**WORK REQUIRED:** Look for the word "valve" in the entries and copy each line where it appears.

**RECORDS SHOWN:**

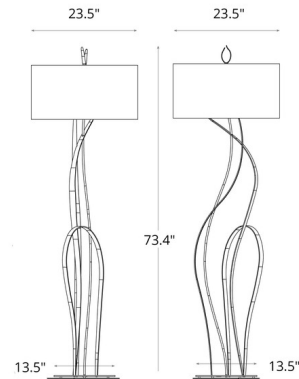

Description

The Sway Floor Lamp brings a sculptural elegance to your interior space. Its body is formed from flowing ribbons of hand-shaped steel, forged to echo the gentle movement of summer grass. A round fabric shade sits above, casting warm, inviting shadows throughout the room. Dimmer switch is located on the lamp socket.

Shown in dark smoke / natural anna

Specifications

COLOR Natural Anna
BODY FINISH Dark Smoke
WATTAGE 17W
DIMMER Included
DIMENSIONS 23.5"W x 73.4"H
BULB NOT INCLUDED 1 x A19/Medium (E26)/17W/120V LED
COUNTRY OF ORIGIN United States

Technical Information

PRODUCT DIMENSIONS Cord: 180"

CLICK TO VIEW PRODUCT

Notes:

---

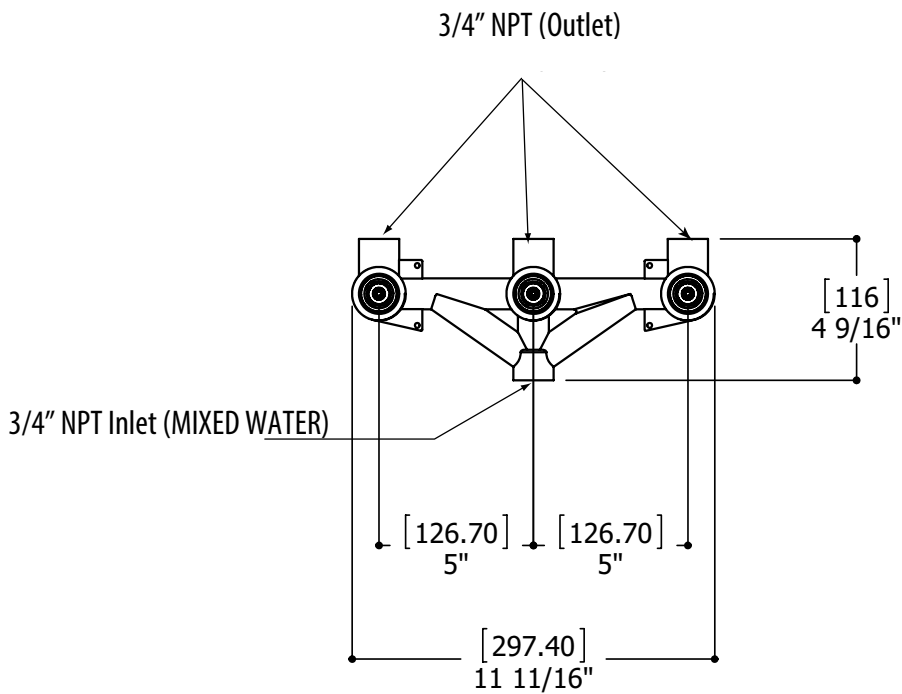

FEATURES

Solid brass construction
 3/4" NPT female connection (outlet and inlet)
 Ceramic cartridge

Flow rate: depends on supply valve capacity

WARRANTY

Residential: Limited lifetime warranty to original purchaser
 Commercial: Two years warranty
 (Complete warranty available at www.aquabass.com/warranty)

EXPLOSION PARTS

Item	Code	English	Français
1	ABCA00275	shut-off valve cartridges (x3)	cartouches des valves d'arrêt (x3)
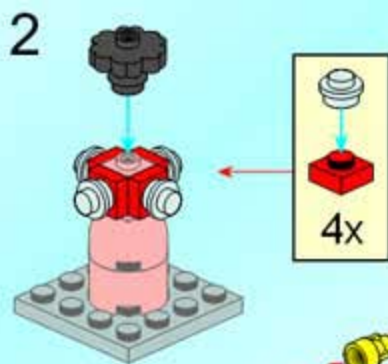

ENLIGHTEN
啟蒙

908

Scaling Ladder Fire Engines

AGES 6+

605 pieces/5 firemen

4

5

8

* * *

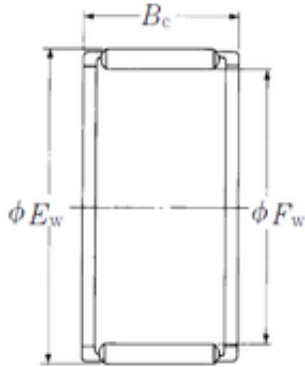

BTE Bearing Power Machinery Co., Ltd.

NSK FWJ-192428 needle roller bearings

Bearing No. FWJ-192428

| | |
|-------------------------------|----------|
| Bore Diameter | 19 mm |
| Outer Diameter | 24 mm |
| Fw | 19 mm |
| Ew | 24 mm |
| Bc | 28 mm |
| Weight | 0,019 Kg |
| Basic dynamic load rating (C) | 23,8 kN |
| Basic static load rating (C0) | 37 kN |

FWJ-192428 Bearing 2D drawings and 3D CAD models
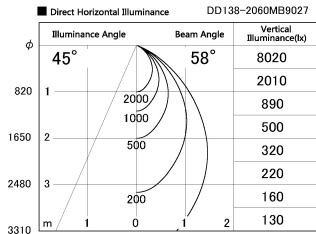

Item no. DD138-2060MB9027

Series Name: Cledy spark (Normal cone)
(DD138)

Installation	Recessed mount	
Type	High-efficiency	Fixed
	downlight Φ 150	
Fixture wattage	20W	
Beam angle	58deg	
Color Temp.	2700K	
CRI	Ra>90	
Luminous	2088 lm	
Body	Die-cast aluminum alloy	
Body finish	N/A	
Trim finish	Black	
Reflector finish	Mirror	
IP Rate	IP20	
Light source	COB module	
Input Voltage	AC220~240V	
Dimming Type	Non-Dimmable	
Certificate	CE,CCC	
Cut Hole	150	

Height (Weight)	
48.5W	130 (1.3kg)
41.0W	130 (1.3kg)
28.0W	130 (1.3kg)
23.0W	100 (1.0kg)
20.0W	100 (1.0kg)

**SOLUTION:**
Flow rate: depends on supply valve capacity
1	ABCA00275	shut-off valve cartridges (x3)	cartouches des valves d'arrêt (x3)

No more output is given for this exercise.